Go for the insults -- that always improves an argument.

I think you're not understanding the reason why so many file formats exist. They exist because they support the unique features of the applications which create them. Apple can't make Pages operate "transparently" with .doc files because this robs Pages of the ability to support features that Word does not. Even Microsoft doesn't do this -- newer versions of Word documents can't all be read by all older versions of Word, because they add features. Further, the reason why other file formats are supported as an export function in Pages is because it should be understood by the user that the resulting file is different from the application's native file format. To do it any other way would be deceptive.

Quote:
It would be if the world were Mac dominated or you only associated yourself with other Mac users.
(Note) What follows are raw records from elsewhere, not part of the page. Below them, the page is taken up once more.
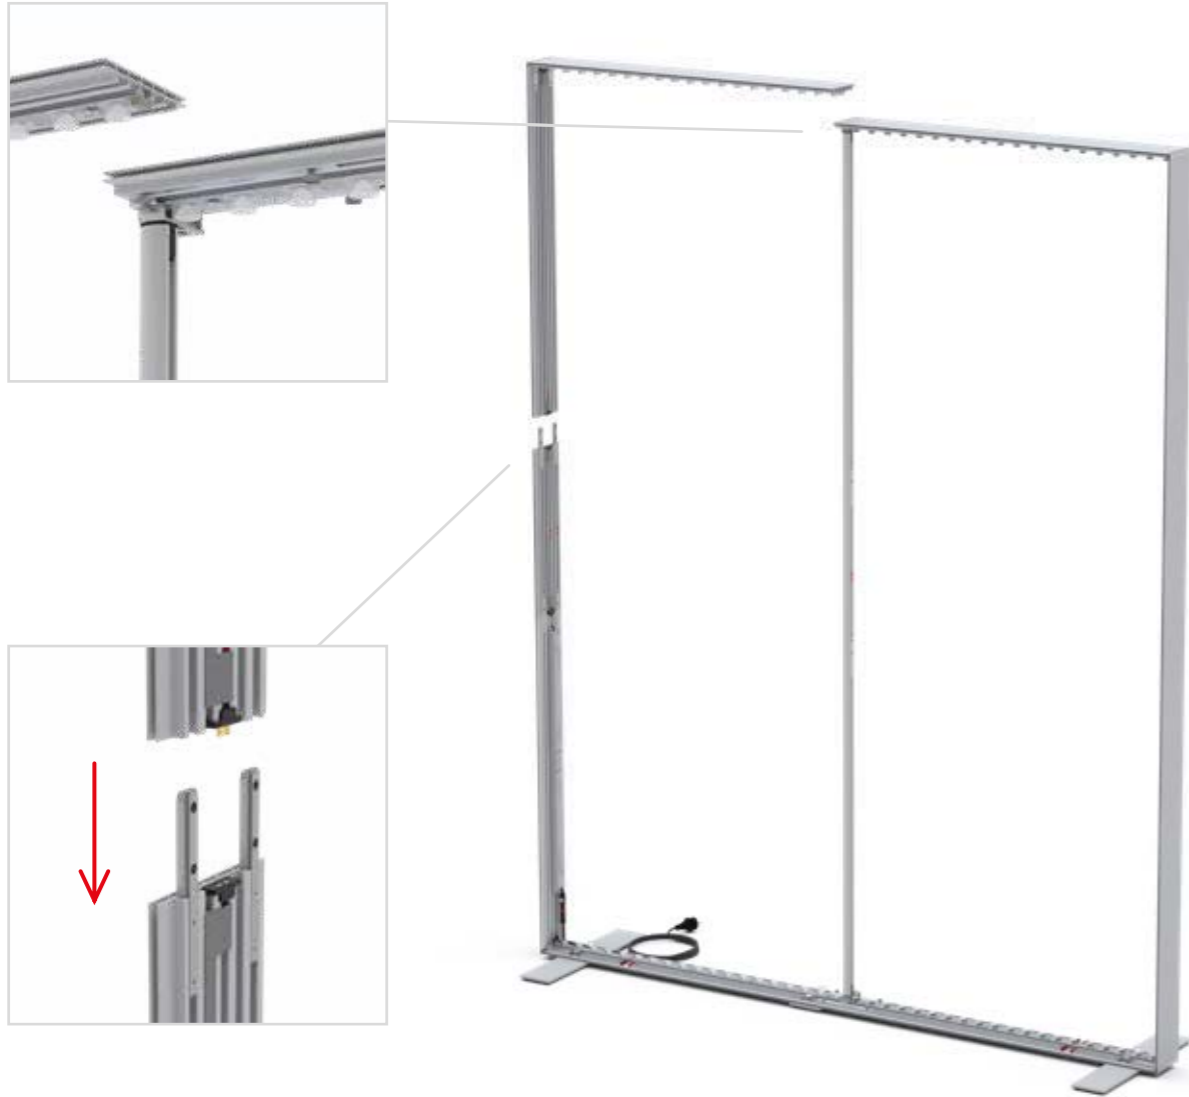

## BIG LEDUP

88 x 248 / 298cm - 100 x 248 / 298cm .....	4
Aufbauanleitung/set up instruction	
Höhe 200cm/height 200cm	
200 x 248 / 298cm .....	14
Aufbauanleitung/set up instruction	
Höhe 200cm/height 200cm	
300 x 248 / 298cm .....	32
Aufbauanleitung/set up instruction	
Höhe 200cm/height 200cm	
400 x 248 / 298cm .....	52
Aufbauanleitung/set up instruction	
500 x 248 / 298cm .....	54
Aufbauanleitung/set up instruction	

9.

10.

11.

12.

15.

16.

17.

18.
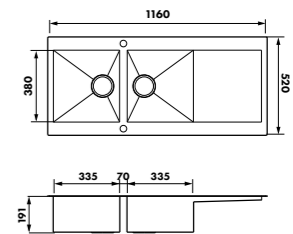

EV5601E

1 bac, 1 égouttoir
Dimensions: l 860 x P 520 x h 191 mm
Cuve: l 400 x P 378 mm
Bonde: ø 90 mm
Sous-meuble: **50 cm**
Découpe: 840 x 500 mm

Inox Lisse **EV5601E IL 567 € HT 681 € TTC**

When you have to start over a project a family member wanted you to do because iMovie and Movie maker can't read each others files or have to scramble to get something else ready because someone sent you another kind of proprietary file they start to loose their luster. Unless you're some kind of Mac hermit, that keeps his his/her self and only deals in Apple files, you will see the downsides of proprietary file formats. In the end, they just cause a whole lot of hassle and require you to have a bunch of unnecessary programs. Open (or in the case of .doc not so open) formats are much easier to deal with.
I'm not sure I understand what you are saying here, but the general point I've been making all along is that file formats are a fact of life, and have always been a fact of life. You can't pretend them away; you have to understand them at least a little, and learn to work with them. This is not just a Mac issue, not by any means.